The Quote: “You guys need to decide and then articulate to me what you want to sound like, so we don’t come at the record from different directions.” Certain producers have a signature sound that turns up on all their records (Phil Spector and Daniel Lanois are two examples of this).
The Lesson: I’m here for you.
Even though Albini was (and is) a producer that has worked with some of the most credible and prestigious artists (including the Pixies, the Breeders, PJ Harvey and Jimmy Page & Robert Plant), his job is to encourage your creativity.
The Quote: “I would like to be paid like a plumber: I do the job and you pay me what it’s worth… the record company will expect me to ask for a point or a point and a half. If we assume three million sales, that works out to $400,000 or so. There’s no f****** way I would take that much money. I wouldn’t be able to sleep.”
The Lesson: It’s not all about the money.

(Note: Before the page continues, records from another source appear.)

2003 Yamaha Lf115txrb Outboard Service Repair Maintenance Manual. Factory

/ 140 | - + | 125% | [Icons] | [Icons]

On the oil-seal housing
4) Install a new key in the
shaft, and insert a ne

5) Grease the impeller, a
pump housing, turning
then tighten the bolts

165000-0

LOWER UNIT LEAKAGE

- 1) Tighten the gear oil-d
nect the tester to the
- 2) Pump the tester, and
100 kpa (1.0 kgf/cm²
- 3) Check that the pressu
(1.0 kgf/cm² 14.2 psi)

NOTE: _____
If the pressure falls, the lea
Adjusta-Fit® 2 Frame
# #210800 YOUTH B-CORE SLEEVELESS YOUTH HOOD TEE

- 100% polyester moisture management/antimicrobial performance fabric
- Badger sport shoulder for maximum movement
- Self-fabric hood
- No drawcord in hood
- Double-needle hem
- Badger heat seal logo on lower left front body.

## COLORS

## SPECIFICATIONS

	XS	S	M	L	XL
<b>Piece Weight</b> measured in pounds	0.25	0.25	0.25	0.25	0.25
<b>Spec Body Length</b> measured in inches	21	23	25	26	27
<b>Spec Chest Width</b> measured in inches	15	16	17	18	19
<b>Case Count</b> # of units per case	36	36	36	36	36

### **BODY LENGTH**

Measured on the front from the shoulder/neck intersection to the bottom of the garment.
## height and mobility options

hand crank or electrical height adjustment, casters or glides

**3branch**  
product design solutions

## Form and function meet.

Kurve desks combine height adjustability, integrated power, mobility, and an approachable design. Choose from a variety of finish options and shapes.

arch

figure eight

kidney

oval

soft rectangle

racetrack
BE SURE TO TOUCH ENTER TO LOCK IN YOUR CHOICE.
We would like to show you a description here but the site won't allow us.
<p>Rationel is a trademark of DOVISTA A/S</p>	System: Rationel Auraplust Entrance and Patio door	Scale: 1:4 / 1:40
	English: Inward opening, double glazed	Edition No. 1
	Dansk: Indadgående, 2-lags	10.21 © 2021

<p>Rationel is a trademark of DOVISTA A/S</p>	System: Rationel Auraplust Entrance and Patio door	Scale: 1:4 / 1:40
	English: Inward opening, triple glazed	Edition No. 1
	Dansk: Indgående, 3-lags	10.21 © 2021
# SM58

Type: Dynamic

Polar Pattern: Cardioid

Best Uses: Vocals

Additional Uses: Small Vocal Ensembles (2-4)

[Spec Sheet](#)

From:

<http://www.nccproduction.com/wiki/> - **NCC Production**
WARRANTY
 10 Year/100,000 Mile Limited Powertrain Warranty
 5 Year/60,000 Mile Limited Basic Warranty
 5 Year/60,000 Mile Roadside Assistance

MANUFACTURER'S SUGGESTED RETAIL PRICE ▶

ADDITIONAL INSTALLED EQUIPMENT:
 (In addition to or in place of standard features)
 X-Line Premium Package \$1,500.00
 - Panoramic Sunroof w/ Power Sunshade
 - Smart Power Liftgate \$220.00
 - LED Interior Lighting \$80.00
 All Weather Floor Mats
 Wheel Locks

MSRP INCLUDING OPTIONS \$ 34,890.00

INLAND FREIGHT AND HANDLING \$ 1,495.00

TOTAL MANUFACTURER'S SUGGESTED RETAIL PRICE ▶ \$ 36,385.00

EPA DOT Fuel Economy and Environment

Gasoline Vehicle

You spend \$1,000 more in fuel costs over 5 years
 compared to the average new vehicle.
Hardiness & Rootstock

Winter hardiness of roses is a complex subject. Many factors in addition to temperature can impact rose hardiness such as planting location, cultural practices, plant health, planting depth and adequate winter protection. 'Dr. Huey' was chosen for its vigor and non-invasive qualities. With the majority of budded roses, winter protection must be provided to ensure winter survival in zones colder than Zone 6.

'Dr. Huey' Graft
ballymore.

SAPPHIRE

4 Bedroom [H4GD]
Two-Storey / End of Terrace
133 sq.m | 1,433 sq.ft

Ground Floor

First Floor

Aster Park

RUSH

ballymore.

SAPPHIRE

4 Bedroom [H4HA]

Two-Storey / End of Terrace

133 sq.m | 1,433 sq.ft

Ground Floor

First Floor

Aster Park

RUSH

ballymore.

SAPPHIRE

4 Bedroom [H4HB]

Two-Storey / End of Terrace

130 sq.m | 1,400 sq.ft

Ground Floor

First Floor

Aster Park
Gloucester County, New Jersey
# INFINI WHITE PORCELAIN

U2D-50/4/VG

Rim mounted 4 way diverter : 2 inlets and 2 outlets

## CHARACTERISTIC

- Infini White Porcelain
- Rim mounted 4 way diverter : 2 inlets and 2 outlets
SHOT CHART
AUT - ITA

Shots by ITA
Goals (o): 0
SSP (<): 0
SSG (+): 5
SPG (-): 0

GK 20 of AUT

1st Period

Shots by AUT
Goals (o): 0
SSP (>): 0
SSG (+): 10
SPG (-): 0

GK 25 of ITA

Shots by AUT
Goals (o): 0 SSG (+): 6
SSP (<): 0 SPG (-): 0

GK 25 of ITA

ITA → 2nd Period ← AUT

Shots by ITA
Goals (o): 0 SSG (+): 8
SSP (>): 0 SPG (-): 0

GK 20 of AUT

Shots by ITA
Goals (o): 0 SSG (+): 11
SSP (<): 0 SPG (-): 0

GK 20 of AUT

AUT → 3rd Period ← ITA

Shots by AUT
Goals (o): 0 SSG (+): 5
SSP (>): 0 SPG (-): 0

It’s a view that may seem quaint in today’s climate, but the fact is, he’s produced over ten recordings a year for over a decade, and its likely that he makes a decent living. If someone makes the argument that “everyone” goes for all the money possible, cred be damned, Albini is a guy who has never done that.
The Quote: “Some people in my position would expect an increase in business after being associated with your band. I, however, already have more work than I can handle, and frankly, the kind of people such superficialities will attract are not people I want to work with.” It’s worth mentioning that, three years later, he worked with a band that certainly paid attention to Nirvana (and were accused by their harshest critics as being straight Nirvana rip-offs): Bush.
The Lesson: Beware of fair-weather friends.
Just because you do something that gets you invited to the “cool-kids” table, doesn’t mean you should care.